#### Extracted material:
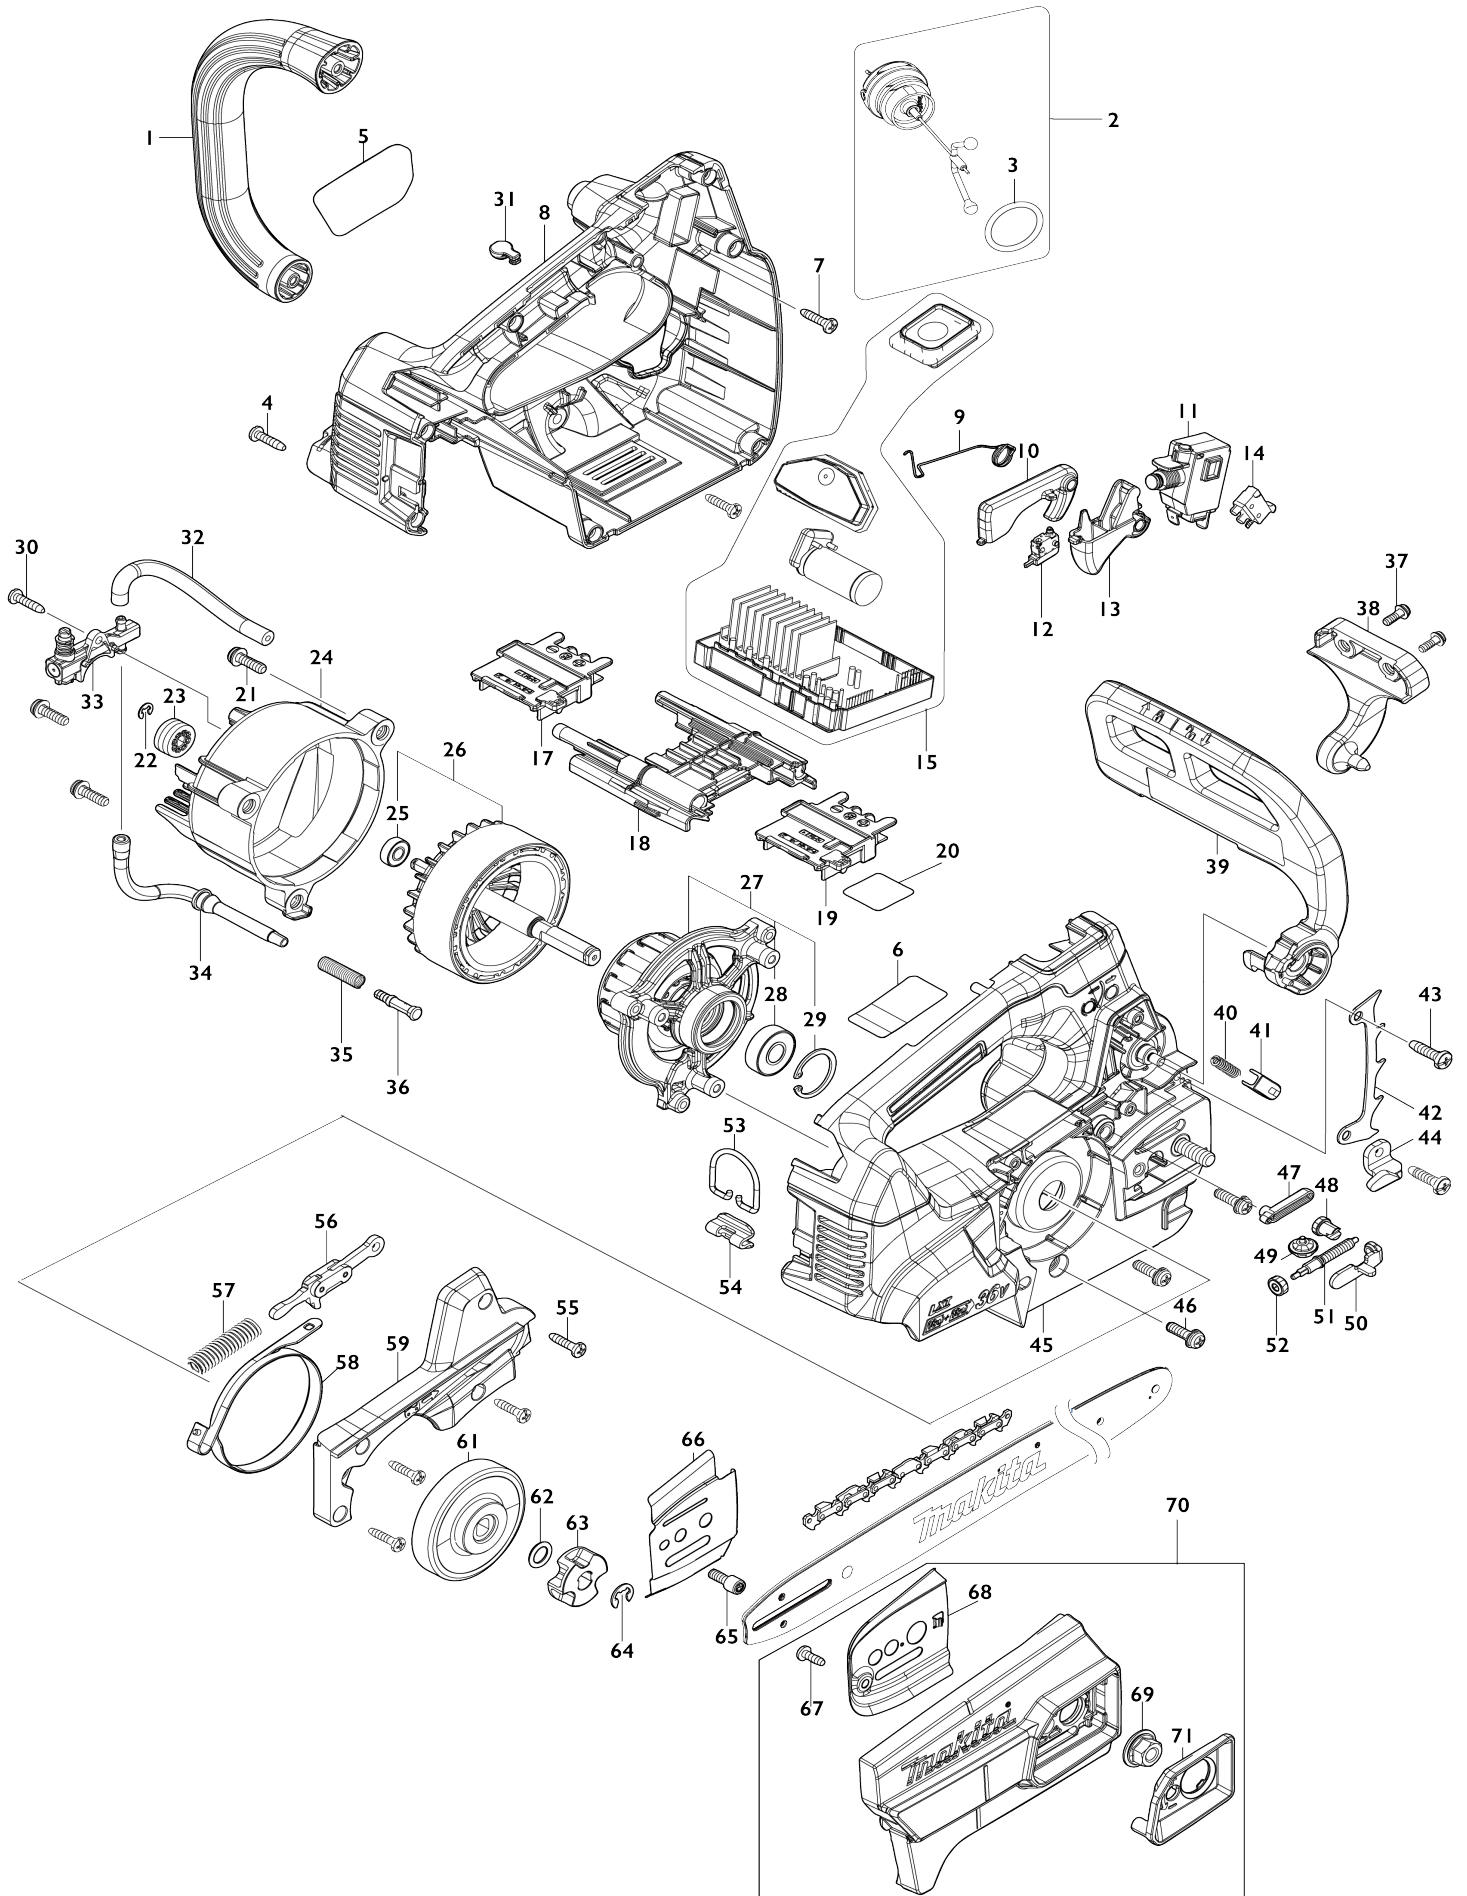

Model No.DUC406 400MM CORDLESS CHAIN SAW

Model No.DUC406 400MM CORDLESS CHAIN SAW

Obj. č.	Obj. č.	Popis	Možn ost zá měny	Množ ství	Nový/ Starý	Poznámka 1	Poznámka 2
001	459275-2	FRONT HANDLE		1		p	
002	126832-8	TANK CAP ASSEMBLY		1		v	
002		INC. 3					
003	213355-6	O-RING 25		1	*		
003-1	213894-6	O-RING 25	O	1	*		
003-2	213A11-4	O-RING 25	O	1			
004	266326-2	šroub 4x18=new265995-6		9			
005	819S65-3	DUC406 MODEL NO. LABEL		1			
006	856A53-1	DUC406 NAME PLATE		1	*		
006-1	856A53-1	DUC406 NAME PLATE	O	1			
007	266326-2	šroub 4x18=new265995-6		2			
008	183N15-7	HOUSING SET		1		obal DUC306/356/406	
C10	263005-3	vymezovací čep 6		2			
C20	424170-5	VALVE		1		ventil	
C30	454724-4	SINTER INSERT		1			
008		INC. 45					
009	232509-6	TORSION SPRING 10		1		pru	
010	459268-9	CATCH LEVER		1		d	
011	651365-9	SWITCH C3JW-6BM-P		1		vyp	
012	632L49-0	SWITCH UNIT		1		vyp	
013	459267-1	SWITCH LEVER		1		p	
014	632L48-2	SWITCH UNIT		1		vyp	
015	140K82-7	CONTROLLER COMPLETE		1	*	elektronika cpl. DUC306/356/406=new141J62-0	
C10	819R38-0	INDICATION LABEL		1	*		
C20	819S81-5	SWITCH LABEL		1	*		
015-1	141J62-0	CONTROLLER COMPLETE	<	1		elektronika cpl. DUC306/356/406 = old 141J62-0	
C10	819R38-0	INDICATION LABEL		1			
C20	819S81-5	SWITCH LABEL		1			
017	643874-2	TERMINAL		1		kontakt	
018	140K81-9	CENTER CASE COMPLETE		1	*	sk	
C10	263005-3	vymezovací čep 6		2	*		
018-1	140V36-0	CENTER CASE COMPLETE	<	1			
C10	263005-3	vymezovací čep 6		2			
019	643874-2	TERMINAL		1		kontakt	
020	856A57-3	DUC406 SERIAL NO. LABEL		1			
021	911228-4	šroub M5x18		3			
022	961011-9	zajišťovací kroužek		1		zaji	
023	226884-0	WORM GEAR		1		p	
024	459276-0	MOTOR HOUSING		1		obal motoru	
025	210026-6	kuličkové ložisko 696ZZ =old 210006-2		1		kuli	
026	519576-1	ROTOR ASS'Y		1		rotor DUC306/356/406	
026		INC. 25					
027	529420-4	STATOR ASS'Y		1	*	stator DUC306/356/4

#### Required work:
Please return the span of lines above that opens with the one containing "DUC306/356/406 = old 141J62-0" and closes with the final line, both included, exactly as written and nothing more.

#### Task solution:
015-1	141J62-0	CONTROLLER COMPLETE	<	1		elektronika cpl. DUC306/356/406 = old 141J62-0	
C10	819R38-0	INDICATION LABEL		1			
C20	819S81-5	SWITCH LABEL		1			
017	643874-2	TERMINAL		1		kontakt	
018	140K81-9	CENTER CASE COMPLETE		1	*	sk	
C10	263005-3	vymezovací čep 6		2	*		
018-1	140V36-0	CENTER CASE COMPLETE	<	1			
C10	263005-3	vymezovací čep 6		2			
019	643874-2	TERMINAL		1		kontakt	
020	856A57-3	DUC406 SERIAL NO. LABEL		1			
021	911228-4	šroub M5x18		3			
022	961011-9	zajišťovací kroužek		1		zaji	
023	226884-0	WORM GEAR		1		p	
024	459276-0	MOTOR HOUSING		1		obal motoru	
025	210026-6	kuličkové ložisko 696ZZ =old 210006-2		1		kuli	
026	519576-1	ROTOR ASS'Y		1		rotor DUC306/356/406	
026		INC. 25					
027	529420-4	STATOR ASS'Y		1	*	stator DUC306/356/4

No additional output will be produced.